The recent cease-and-desist order issued by the U.S. Federal Reserve against United Texas Bank (UTB) has shed light on the significant deficiencies in the bank’s governance, particularly its adherence to anti-money laundering (AML) laws and risk management related to virtual currency customers and foreign correspondent banking. This order, stemming from an examination conducted in May 2023, has brought to the forefront UTB’s shortcomings in board oversight and senior management’s handling of compliance regulations.
The Federal Reserve’s order obligating UTB to enhance its Bank Secrecy Act (BSA) and anti-money laundering programs signals a pressing need for the bank to strengthen its compliance practices. Moreover, the institution’s board of directors has been given a strict timeline of 90 days to submit a comprehensive plan aimed at bolstering oversight and revising its customer due diligence program.
This enforcement action against UTB is indicative of a broader trend where U.S. regulators are tightening their grip on financial institutions with ties to the cryptocurrency industry.

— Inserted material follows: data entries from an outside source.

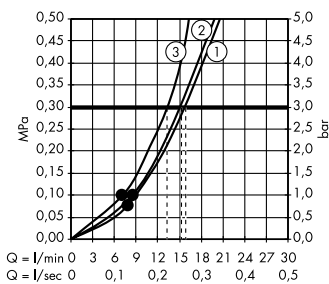

Обозн чения

- ① RainAir
- ② RainFlow
- ③ RainAir + RainFlow

Гр фик р сход воды

Raindance Rainfall
 Верхний душ 180 2jet # 28433, -000

Гр фик р сход воды

Raindance Select S
 Ручной душ 120 3jet # 26530, -400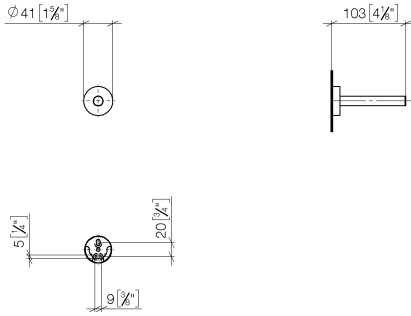

83 590 979 Produktversion ab 01.07.2023

- Rosette Ø 40 mm
- Ausladung 105 mm

	Chrom	83 590 979-00
	Platin gebürstet	83 590 979-06
	Dark Chrome	83 590 979-19
	Light Gold	83 590 979-26
	Light Gold gebürstet	83 590 979-27
	Schwarz matt	83 590 979-33
	Bronze gebürstet	83 590 979-42
	Champagne gebürstet (22kt Gold)	83 590 979-46
	Champagne (22kt Gold)	83 590 979-47
	Chrom gebürstet	83 590 979-93
	Dark Platinum gebürstet	83 590 979-99

83 590 979 Produktversion ab 01.07.2023

mm [inches]

83 590 979 Produktversion ab 01.07.2023

Ersatzteile für die
anderen
Oberflächenvarianten
finden Sie hier: Platin
gebürstet

Ersatzteilstückliste

Nr.	Artikelnummer	Benennung	Verbaumenge	Lieferzeit
1	90 17 97 567 00-00	Halter Ø 13 x 96 mm - Chrom	1,00	10
4	08 17 97 560 90	Halter Ø 32 x 16 mm -	1,00	2
3	08 30 11 516 90	Ring Ø 20 x 3 mm -	1,00	2
5	05 30 31 025 00 90	Befestigung Schraube Halbrundkopf 4,5 x 60 mm -	1,00	2
2	08 27 97 500-00	Rosette Ø 40,5 x 11 mm - Chrom	1,00	10
6	08 17 97 501 07	Halter Ø 38 x 9 mm -	3,00	2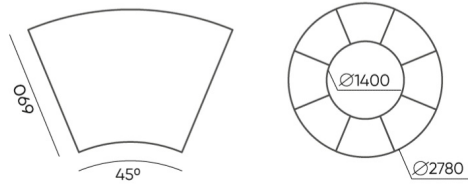

design:
Bejot Development Team

Site du produit
[lien vers le site](#)

bejot:

dimensions

QD R45 S

H: 500 | 1 szt.
W: 1100 | St.
L: 800 | pc.

kg
netto 19
brutto 24

QD R 45 S

H: 760 | 1 szt.
W: 1400 | St.
L: 880 | pc.

kg
netto 19
brutto 24

QD RO 45 S IN

H: 760 | 1 szt.
W: 1400 | St.
L: 880 | pc.

kg
netto 25
brutto 29

QD RO 45 S OUT

bejot:quadra

- A seat height: overall dimensions
- B seat height
- C chair height: overall dimensions
- D backrest height
- F chair width: overall dimensions
- G seat width
- H backrest width
- K height from the floor to the armrest
- M chair depth: overall dimensions
- N seat depth / seat length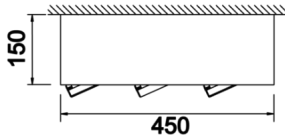

Parent III Sıva Üstü

PRT 045 015 078S 8040 10 30 CA 20 01

Sıva Üstü Armatür

Armatür Grubu	Sıva Üstü
Montaj Tipi	Sıva Üstü
Armatür Rengi	RAL 9005 - RAL 9006 - RAL 9010
Gövde	Dkp Sac
Optik	15° 30° 40° Reflektör
Işık Kaynağı	LED
Elektriksel Koruma Sınıfı	CLASS II
IP	20
IK	03
Çalışma Sıcaklığı	-20°C / +40°C
Işık Akısı	10140
Tüketim Gücü	78
Armatür Verimliliği	130 lm/W
Renkset Geri Verim (CRI)	>80
Işık Renk Sıcaklığı (CCT)	2700K/3000K/4000K/6500K
Renk Toleransı	< 3 SDCM
Driver Tipi	On/Off
Driver Markası	Tridonic
LED Markası	Samsung
Giriş Gerilimi / Frekans	220-240 V AC 50/60 Hz
Güç Faktörü	>0.9
Surge	1kV
THD (AKIM)	>%20
LED ömrü	70.000 saat
Opsiyon	On-Off / Dali / 1-10V / Acil Durum Kittli

Teknik Çizim

Fotometrik Eğri

Sipariş Kodu	Ürün Kodu	Güç (W)	Işık Akısı (LM)	CRI	CCT (K)	Optik	Ölçüler (mm)
	PRT 045 015 078S 8040 10 30 CA 20 01	78	10140	>80	4000	30° Reflektör	450x150x150

www.atelaydinlatma.com

Just recently, Customers Bank, a Pennsylvania-based lender, faced similar scrutiny from the Federal Reserve, leading to heightened regulatory oversight due to identified lapses in anti-money laundering compliance.
UTB’s prominence as a banking partner for crypto companies stemmed from filling the void left by the collapse of Signature and Silvergate in 2023, two major U.S. lenders that previously served the crypto sector. Following the closure of these institutions, crypto firms have encountered difficulties in finding reliable banking partners within the U.S. ecosystem. As regulatory crackdowns persist, many companies have resorted to consolidating around the limited remaining banks willing to engage with them or exploring offshore alternatives.
The cease-and-desist order against UTB and regulatory actions against other institutions have not only highlighted the challenges faced by U.S. crypto firms in accessing banking services but have also influenced once crypto-friendly banks to reevaluate their involvement in the sector. An example of this shift is Metropolitan Bank, a New York-based institution that began scaling back its crypto services and relationships with major clients like Crypto.com due to mounting regulatory pressures.
The Federal Reserve’s enforcement measures against United Texas Bank underscore the increasing scrutiny faced by financial institutions serving the cryptocurrency industry. As regulatory oversight tightens and compliance expectations rise, banks operating in this space must prioritize governance, risk management, and anti-money laundering efforts to navigate the evolving landscape successfully.